** Opening Input records block **
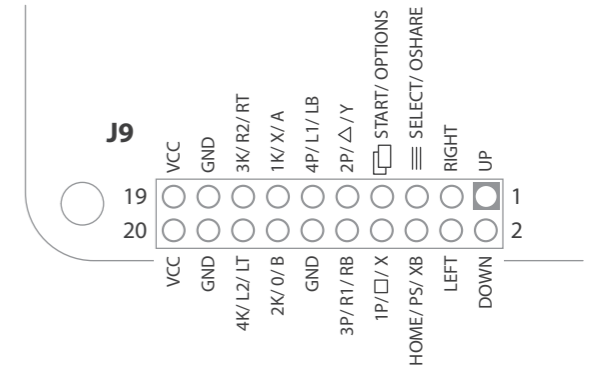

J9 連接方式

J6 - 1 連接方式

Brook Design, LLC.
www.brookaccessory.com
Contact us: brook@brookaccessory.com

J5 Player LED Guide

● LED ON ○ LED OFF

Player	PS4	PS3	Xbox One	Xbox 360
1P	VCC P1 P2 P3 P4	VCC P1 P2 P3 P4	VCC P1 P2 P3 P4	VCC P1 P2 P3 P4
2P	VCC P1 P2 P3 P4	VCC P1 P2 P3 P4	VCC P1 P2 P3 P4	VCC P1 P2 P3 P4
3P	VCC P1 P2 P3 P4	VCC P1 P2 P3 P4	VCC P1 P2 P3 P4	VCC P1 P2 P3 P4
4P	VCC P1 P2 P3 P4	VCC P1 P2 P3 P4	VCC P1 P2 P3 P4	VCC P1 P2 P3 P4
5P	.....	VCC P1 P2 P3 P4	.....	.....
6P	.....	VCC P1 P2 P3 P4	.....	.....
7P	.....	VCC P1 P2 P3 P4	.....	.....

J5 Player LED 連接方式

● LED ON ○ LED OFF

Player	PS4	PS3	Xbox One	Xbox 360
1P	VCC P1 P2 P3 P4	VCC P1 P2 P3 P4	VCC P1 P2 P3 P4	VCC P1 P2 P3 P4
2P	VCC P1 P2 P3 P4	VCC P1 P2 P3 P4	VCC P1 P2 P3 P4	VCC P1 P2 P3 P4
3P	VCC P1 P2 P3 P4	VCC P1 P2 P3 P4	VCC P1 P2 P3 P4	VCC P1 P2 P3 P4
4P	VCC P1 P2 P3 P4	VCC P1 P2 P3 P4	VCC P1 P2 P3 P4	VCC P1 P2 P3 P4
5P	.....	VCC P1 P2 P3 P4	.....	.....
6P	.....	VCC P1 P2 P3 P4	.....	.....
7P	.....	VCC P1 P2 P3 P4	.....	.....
** Closing Input records block **
** Opening Input records block **
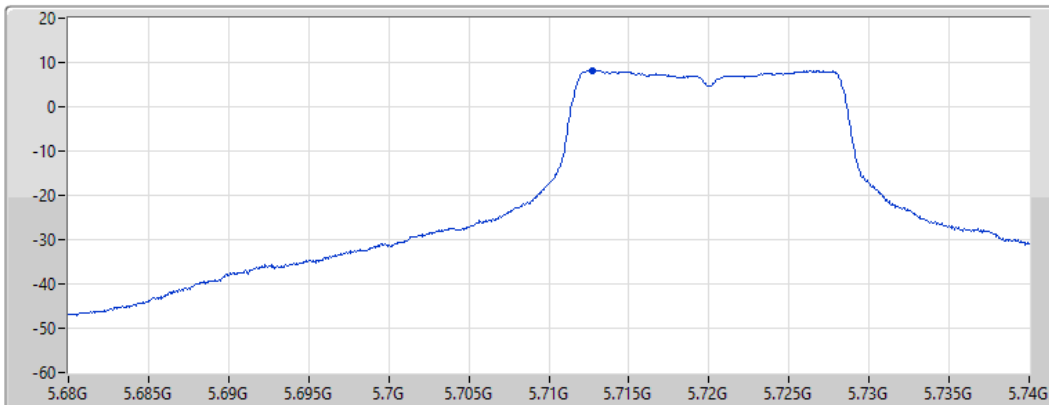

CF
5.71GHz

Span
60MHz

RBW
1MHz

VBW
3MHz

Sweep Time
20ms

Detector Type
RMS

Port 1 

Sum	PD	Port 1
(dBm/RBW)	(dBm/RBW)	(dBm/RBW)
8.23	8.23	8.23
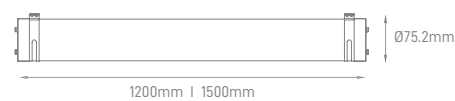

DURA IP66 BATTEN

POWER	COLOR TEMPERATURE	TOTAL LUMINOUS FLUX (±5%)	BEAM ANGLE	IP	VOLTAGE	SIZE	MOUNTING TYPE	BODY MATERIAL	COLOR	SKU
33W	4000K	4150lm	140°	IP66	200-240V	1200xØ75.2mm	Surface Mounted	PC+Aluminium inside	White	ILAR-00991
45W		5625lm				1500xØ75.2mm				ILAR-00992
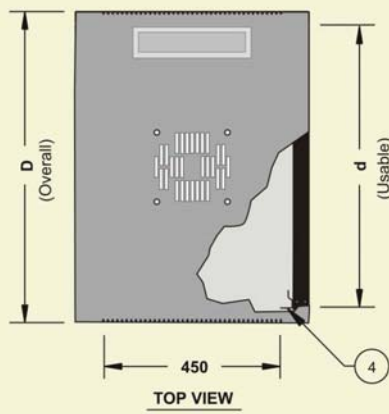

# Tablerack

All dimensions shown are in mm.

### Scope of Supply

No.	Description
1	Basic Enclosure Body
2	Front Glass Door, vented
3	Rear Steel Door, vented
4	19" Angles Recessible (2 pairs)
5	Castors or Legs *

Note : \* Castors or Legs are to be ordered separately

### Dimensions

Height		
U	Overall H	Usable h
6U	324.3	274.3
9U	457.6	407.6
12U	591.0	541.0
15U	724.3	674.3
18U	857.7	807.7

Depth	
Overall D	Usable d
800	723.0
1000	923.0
** Closing Input records block **
▸ **Exercise prompt**: Copy every line of the data that holds the string "Player".

▸ **Task solution**:
J5 Player LED Guide
Player	PS4	PS3	Xbox One	Xbox 360
J5 Player LED 連接方式
Player	PS4	PS3	Xbox One	Xbox 360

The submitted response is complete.